I can count the number of times I've had binary file corruption due to line ending conversion on zero hands. And I'm old enough to have used FTP extensively. Seems kind of unnecessary.
“Modern” FTP clients would auto detect if you were sending text or binary files and thus disable line conversations for binary.
But go back to the 90s and before, and you’d have to manually select whether you were sending text or binary data. Often these clients defaulted to text and so you’d end up accidentally corrupting files if you weren’t careful.
And, if you were using a Windows client talking to a Unix server, you didn't want to get a text file in binary mode, since most programs at the time couldn't handle Unix line endings. This is much better nowadays, to the point that it rarely matters on either side of the platform divide which type of line endings you use.
> I don't understand why the default would be anything but "commit the file as is"
Because it’s not uncommon for dev tools on Windows to generate DOS line endings when modifying files (for example when adding an element to an XML configuration file, all line endings of the file may be converted when it is rewritten out from its parsed form), and if those where committed as-is, you’d get a lot of gratuitous changes in the commit and also complaints from the Unix users.

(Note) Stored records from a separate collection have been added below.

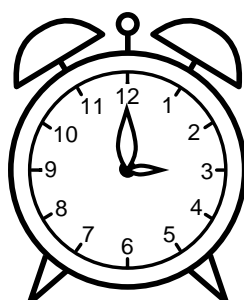

Se hvad klokken er under urene - tegn derefter de rigtige visere.

05:00

04:00

08:00

12:00

03:00

09:00

06:00

01:00

02:00

07:00

10:00

11:00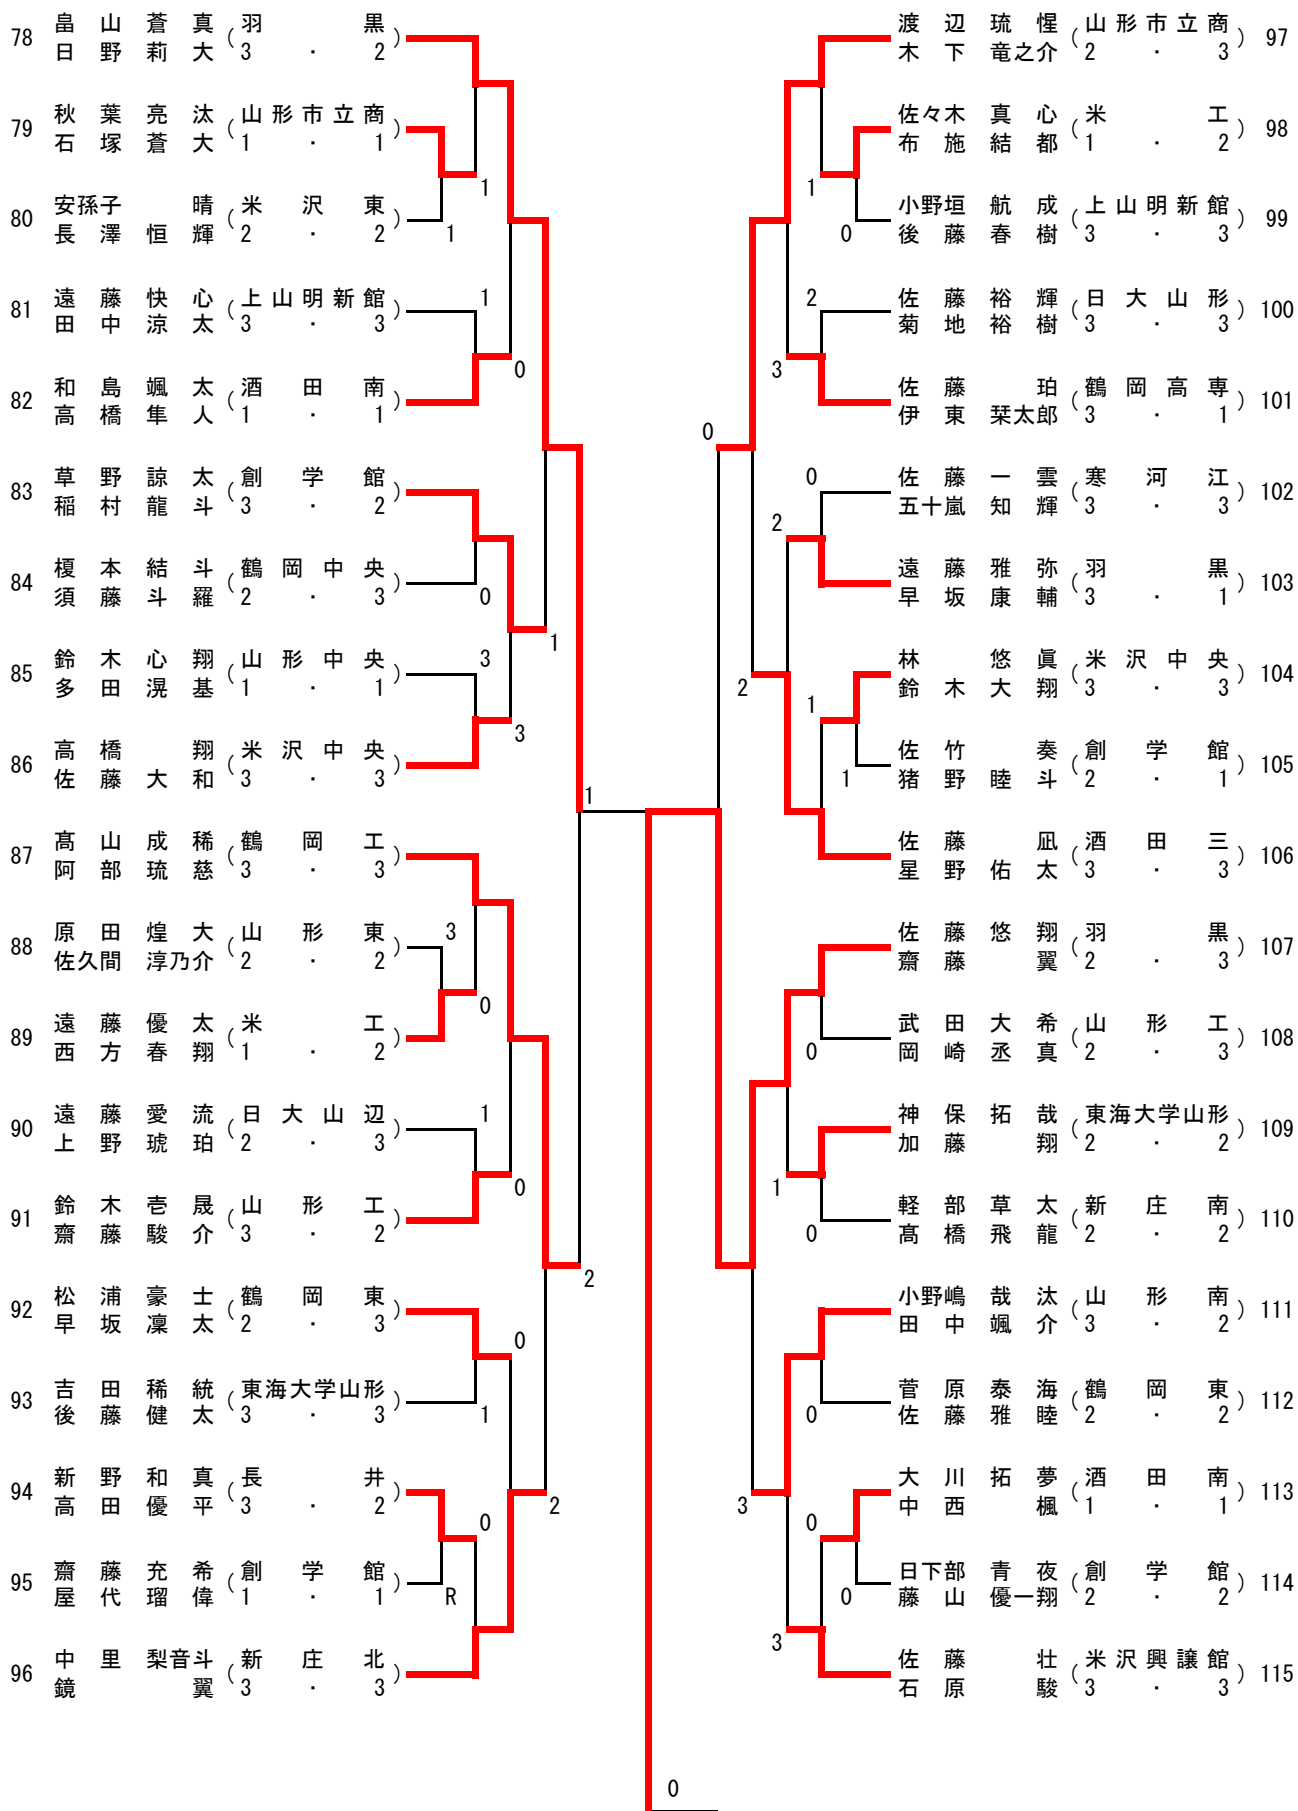

40	吉田 蒼真 (米沢中央)	3	3			金指 圭亮 (米沢中央)	3	3	59
41	水戸 遥輝 (創学館)	1	2	0		千葉 響介 (創学館)	1	3	60
42	永井 蒼月 (鶴岡工)	3	2	0	3	齋藤 翔汰 (新神産)	2	2	61
43	千葉 大輔 (山形東)	2	2	1	0	石村 優斗 (鶴岡東)	3	3	62
44	菊地 彬 (寒河江)	3	2	0	2	武田 文慈 (山形東)	3	3	63
45	宇尾 琉汰 (上山明新館)	3	3	3	0	佐藤 悠亜 (酒田南)	2	1	64
46	関谷 唯寛 (米沢東)	2	3	0	2	須井 泰斗 (東海大学山形)	2	2	65
47	木村 奏介 (羽黒)	1	1	0	1	安部 晴太 (長井工)	3	3	66
48	福田 葉劉 (山形南)	1	1	0	0	大石 沼慶 (山形工)	2	3	67
49	三浦 紫陽 (新庄北)	3	3	0	0	工藤 蒼央 (致道館)	2	2	68
50	関谷 瑛斗 (米沢工)	3	2	1	0	田川 揮貴 (山形市立商)	2	2	69
51	後藤 健仁 (創学館)	3	3	0	2	齋藤 連也 (米沢工)	2	2	70
52	酒井 蒼空 (山形中央)	3	1	0	2	遠藤 悠輝 (山形中央)	1	1	71
53	砂山 凌顕 (鶴岡中央)	3	3	0	2	上林 碧人 (鶴岡工)	2	2	72
54	太田 陸真 (山形工)	3	3	3	1	長澤 理生 (日大山形)	2	2	73
55	塚田 聖伽 (長井)	3	3	0	2	渋谷 昊聖 (創学館)	3	3	74
56	山本 伊織 (酒田南)	1	2	3	0	酒井 心恒 (米沢興譲館)	2	2	75
57	五十嵐 奏矢 (山形市立商)	2	3	0	2	板坂 優雅 (山形南)	1	1	76
58	石川 優翔 (羽黒)	1	1	0	2	日下部 拓海 (羽黒)	3	3	77

For Git, the important thing is to have a .gitattributes file in the repository with “* text=auto” in it (plus more specific settings as desired). The text/binary auto-detection works mostly fine.
Up until just a few years ago, Notepad on Windows could not handle Unix-style line endings. It probably makes sense now to adopt the as-is convention, but for a while, it made more sense to convert when checking out, and then to prevent spurious diffs, convert back when committing.
Line endings between windows and unix-like systems were so painful that when I started development on my shell scripting language, I wrote a bunch of code to all Linux to handle Windows files and visa versa.
Though this has nothing to do with FTP. I’d already abandoned that protocol by then.
But go back to the 90s and before, and you’d have to manually select whether you were sending text or binary data. Often these clients defaulted to text and so you’d end up accidentally corrupting files if you weren’t careful.